The task:
From the first line to the last, print the records exactly, leaving out the pictures.

#####

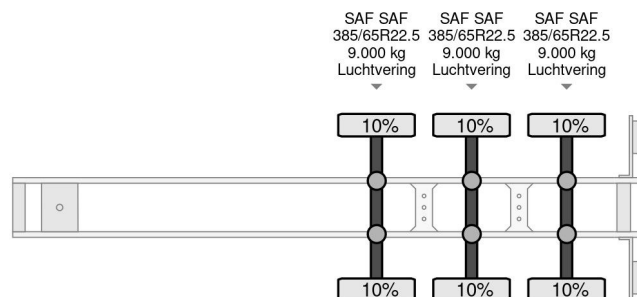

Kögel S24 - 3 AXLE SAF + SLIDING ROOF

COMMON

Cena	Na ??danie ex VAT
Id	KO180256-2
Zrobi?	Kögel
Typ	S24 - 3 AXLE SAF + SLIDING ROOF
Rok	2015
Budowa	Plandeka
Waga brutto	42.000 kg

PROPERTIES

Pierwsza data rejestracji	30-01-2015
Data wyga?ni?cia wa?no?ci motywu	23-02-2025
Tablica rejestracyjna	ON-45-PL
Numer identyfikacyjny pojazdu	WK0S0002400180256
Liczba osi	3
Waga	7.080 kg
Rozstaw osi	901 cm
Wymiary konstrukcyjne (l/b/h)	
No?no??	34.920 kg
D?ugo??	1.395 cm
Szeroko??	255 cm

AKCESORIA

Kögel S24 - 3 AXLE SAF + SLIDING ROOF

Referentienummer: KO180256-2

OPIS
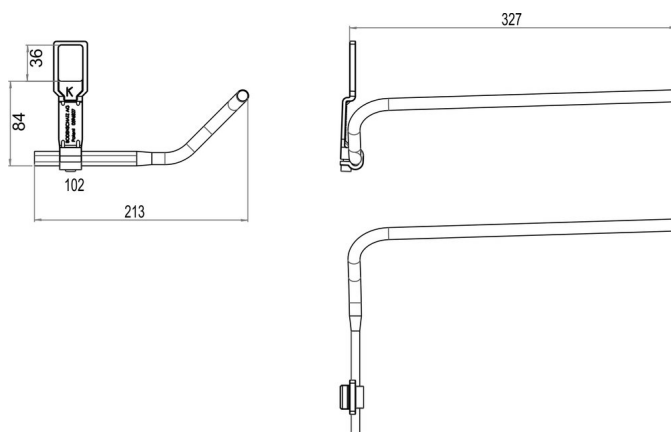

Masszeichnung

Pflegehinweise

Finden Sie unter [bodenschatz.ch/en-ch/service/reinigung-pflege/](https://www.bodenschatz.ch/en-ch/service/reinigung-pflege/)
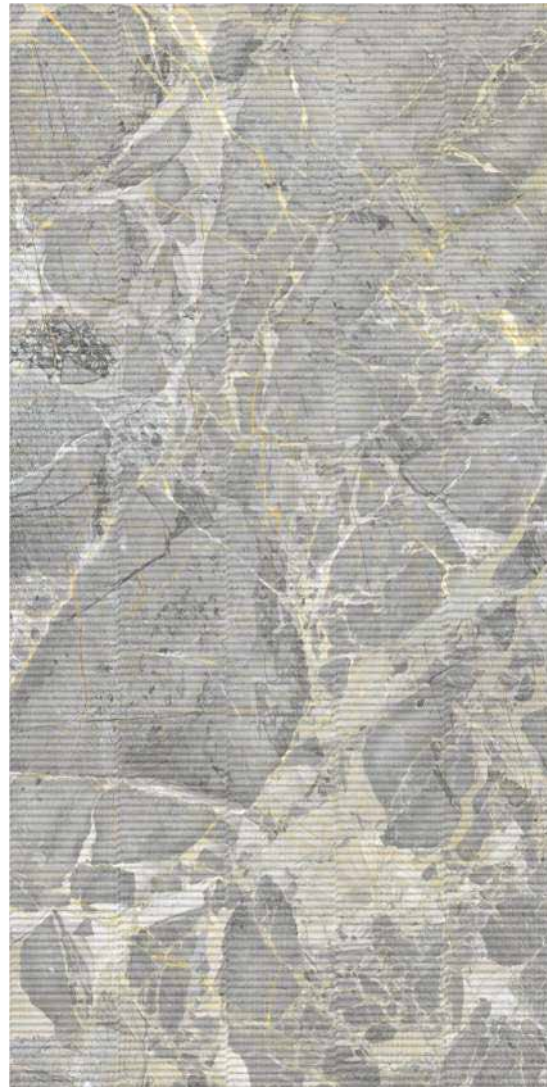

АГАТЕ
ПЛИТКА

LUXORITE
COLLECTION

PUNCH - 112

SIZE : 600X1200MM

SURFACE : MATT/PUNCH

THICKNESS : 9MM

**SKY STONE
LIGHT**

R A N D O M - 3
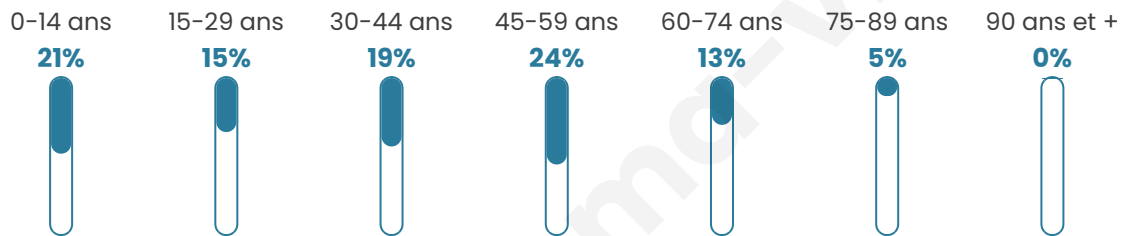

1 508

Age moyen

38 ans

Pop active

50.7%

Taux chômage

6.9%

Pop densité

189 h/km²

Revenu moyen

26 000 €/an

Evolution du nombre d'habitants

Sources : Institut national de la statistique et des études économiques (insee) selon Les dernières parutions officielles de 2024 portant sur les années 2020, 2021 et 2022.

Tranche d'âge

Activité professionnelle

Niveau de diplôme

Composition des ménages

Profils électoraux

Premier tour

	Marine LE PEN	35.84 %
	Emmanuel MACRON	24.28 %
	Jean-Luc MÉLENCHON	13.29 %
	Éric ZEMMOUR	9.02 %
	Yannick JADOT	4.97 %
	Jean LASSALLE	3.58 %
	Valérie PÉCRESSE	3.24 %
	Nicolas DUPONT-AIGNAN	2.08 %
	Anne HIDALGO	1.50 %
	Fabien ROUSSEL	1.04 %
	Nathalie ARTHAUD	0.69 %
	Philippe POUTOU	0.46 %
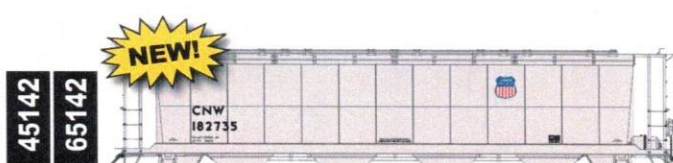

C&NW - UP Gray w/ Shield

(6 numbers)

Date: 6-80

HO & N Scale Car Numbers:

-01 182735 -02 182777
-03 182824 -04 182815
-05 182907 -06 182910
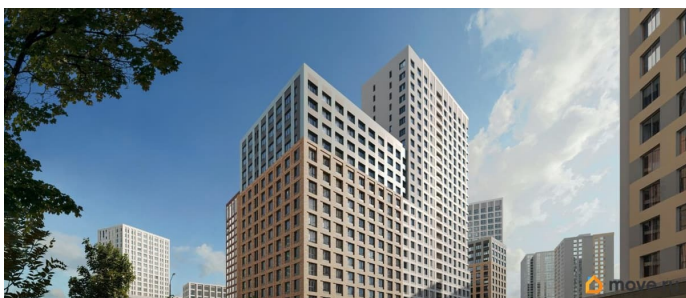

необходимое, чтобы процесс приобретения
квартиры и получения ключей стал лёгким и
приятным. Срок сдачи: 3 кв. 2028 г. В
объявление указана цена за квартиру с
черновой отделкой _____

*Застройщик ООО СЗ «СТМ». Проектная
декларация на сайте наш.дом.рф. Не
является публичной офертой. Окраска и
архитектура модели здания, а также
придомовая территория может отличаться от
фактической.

#####

Response to the exercise:
Kögel S24 - 3 AXLE SAF + SLIDING ROOF

COMMON

Cena	Na ??danie ex VAT
Id	KO180256-2
Zrobi?	Kögel
Typ	S24 - 3 AXLE SAF + SLIDING ROOF
Rok	2015
Budowa	Plandeka
Waga brutto	42.000 kg

PROPERTIES

Pierwsza data rejestracji	30-01-2015
Data wyga?ni?cia wa?no?ci motywu	23-02-2025
Tablica rejestracyjna	ON-45-PL
Numer identyfikacyjny pojazdu	WK0S0002400180256
Liczba osi	3
Waga	7.080 kg
Rozstaw osi	901 cm
Wymiary konstrukcyjne (l/b/h)	
No?no??	34.920 kg
D?ugo??	1.395 cm
Szeroko??	255 cm

AKCESORIA

Kögel S24 - 3 AXLE SAF + SLIDING ROOF

Referentienummer: KO180256-2

OPIS

Masszeichnung

Pflegehinweise

Finden Sie unter [bodenschatz.ch/en-ch/service/reinigung-pflege/](https://www.bodenschatz.ch/en-ch/service/reinigung-pflege/)

АГАТЕ
ПЛИТКА

LUXORITE
COLLECTION

PUNCH - 112

SIZE : 600X1200MM

SURFACE : MATT/PUNCH

THICKNESS : 9MM

**SKY STONE
LIGHT**

R A N D O M - 3

1 508

Age moyen

38 ans

Pop active

50.7%

Taux chômage

6.9%

Pop densité

189 h/km²

Revenu moyen

26 000 €/an

Evolution du nombre d'habitants

Sources : Institut national de la statistique et des études économiques (insee) selon Les dernières parutions officielles de 2024 portant sur les années 2020, 2021 et 2022.

Tranche d'âge

Activité professionnelle

Niveau de diplôme

Composition des ménages

Profils électoraux

Premier tour

	Marine LE PEN	35.84 %
	Emmanuel MACRON	24.28 %
	Jean-Luc MÉLENCHON	13.29 %
	Éric ZEMMOUR	9.02 %
	Yannick JADOT	4.97 %
	Jean LASSALLE	3.58 %
	Valérie PÉCRESSE	3.24 %
	Nicolas DUPONT-AIGNAN	2.08 %
	Anne HIDALGO	1.50 %
	Fabien ROUSSEL	1.04 %
	Nathalie ARTHAUD	0.69 %
	Philippe POUTOU	0.46 %

C&NW - UP Gray w/ Shield

(6 numbers)

Date: 6-80

HO & N Scale Car Numbers:

-01 182735 -02 182777
-03 182824 -04 182815
-05 182907 -06 182910

необходимое, чтобы процесс приобретения
квартиры и получения ключей стал лёгким и
приятным. Срок сдачи: 3 кв. 2028 г. В
объявление указана цена за квартиру с
черновой отделкой _____

*Застройщик ООО СЗ «СТМ». Проектная
декларация на сайте наш.дом.рф. Не
является публичной офертой. Окраска и
архитектура модели здания, а также
придомовая территория может отличаться от
фактической.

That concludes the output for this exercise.